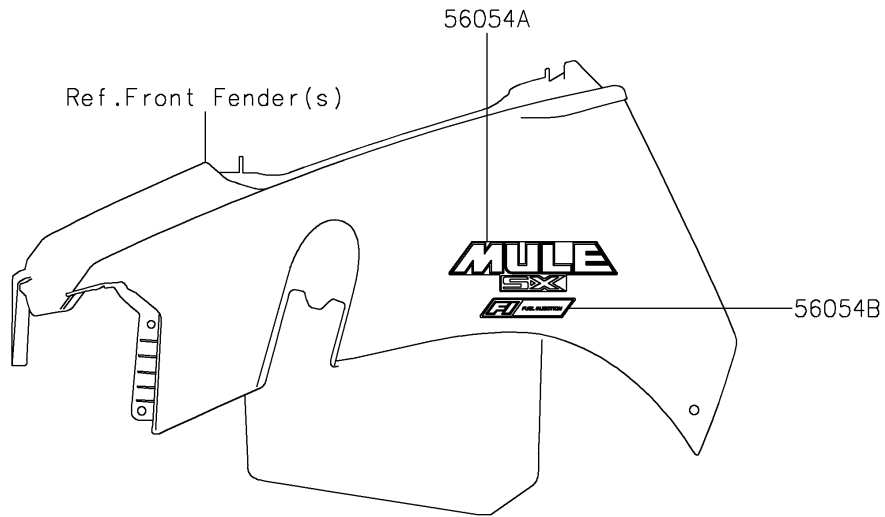

2020 MULE SX™ 4x4 FI PARTS DIAGRAM

Decals

F2861

2020 MULE SX™ 4x4 FI PARTS LIST

Decals

ITEM NAME	PART NUMBER	QUANTITY
MARK,KAWASAKI (Ref # 56052)	56052-1809	3
MARK,SIDE PLATE,4X4 (Ref # 56054)	56054-1809	2
MARK,FR FENDER,MULE SX (Ref # 56054A)	56054-2063	2
MARK,FR FENDER,FUEL INJECTION (Ref # 56054B)	56054-2459	2
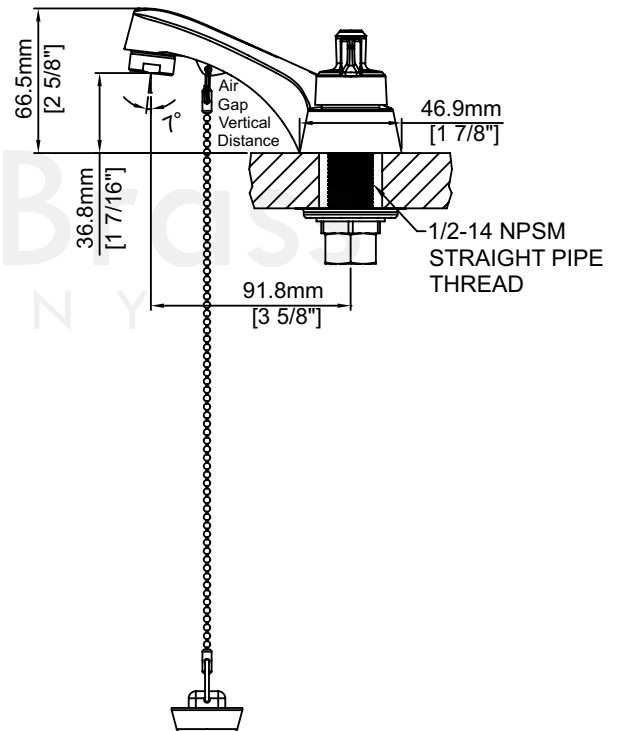

Model# 1138-LE

Two Handle Lavatory Faucet

FEATURES & SPECIFICATIONS

- 2-3/8" Lever Handle
- Chain & Stopper
- Replaceable Seats
- 3-Hole 4" Installation
- No Lift Rod Hole 1.5 GPM Flow Rate
- 1.5 GPM Flow Rate

Model# 1138-LE

Two Handle Lavatory Faucet

1138-LE/REV. 11 2016

Product Specifications subject to change without notice
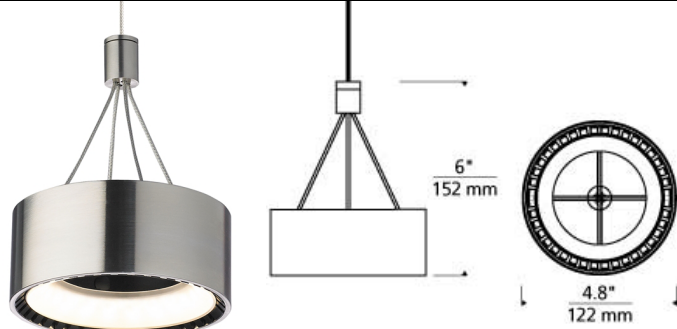

LOW - VOLTAGE PENDANTS

Corum Pendant

DESCRIPTION

High performance meets visual intrigue in the Corum pendant by Tech Lighting. This unique LED pendant is defined by its open center, thin metal frame and exposed geometrical heat sink allowing it to provide a bounty of task lighting to surfaces below. With its high-end industrial design and modest scale, the Corum is ideal for kitchen island task lighting, hallway lighting and home office lighting. The Corum ships with 12 Volt LED lamping and is fully dimmable to create the desired ambiance in your special space. Pair the Corum pendant with the Kable Lite system by Tech Lighting for greater design customization. Inspired by the latest in automotive headlamp technology, when viewed from above, the center glows with a hint of illumination. Includes 5 watt, 500 gross lumens, 3000K LED. Ships with six feet of field-cutable suspension cable. Dimmable with low-voltage electronic or magnetic dimmer (based on transformer).

INSTALLATION

Socket terminates with FreeJack male connector, which may be installed into a system connector. Elements ordered with a system prefix include a connector for that system. For use on T-TRAK, order FreeJack version and T~TRAK FreeJack Connector (sold separately).

| What the task asks |
Scan the material above for the string "system", returning each line that contains it.

| Solution to this task |
High performance meets visual intrigue in the Corum pendant by Tech Lighting. This unique LED pendant is defined by its open center, thin metal frame and exposed geometrical heat sink allowing it to provide a bounty of task lighting to surfaces below. With its high-end industrial design and modest scale, the Corum is ideal for kitchen island task lighting, hallway lighting and home office lighting. The Corum ships with 12 Volt LED lamping and is fully dimmable to create the desired ambiance in your special space. Pair the Corum pendant with the Kable Lite system by Tech Lighting for greater design customization. Inspired by the latest in automotive headlamp technology, when viewed from above, the center glows with a hint of illumination. Includes 5 watt, 500 gross lumens, 3000K LED. Ships with six feet of field-cutable suspension cable. Dimmable with low-voltage electronic or magnetic dimmer (based on transformer).
Socket terminates with FreeJack male connector, which may be installed into a system connector. Elements ordered with a system prefix include a connector for that system. For use on T-TRAK, order FreeJack version and T~TRAK FreeJack Connector (sold separately).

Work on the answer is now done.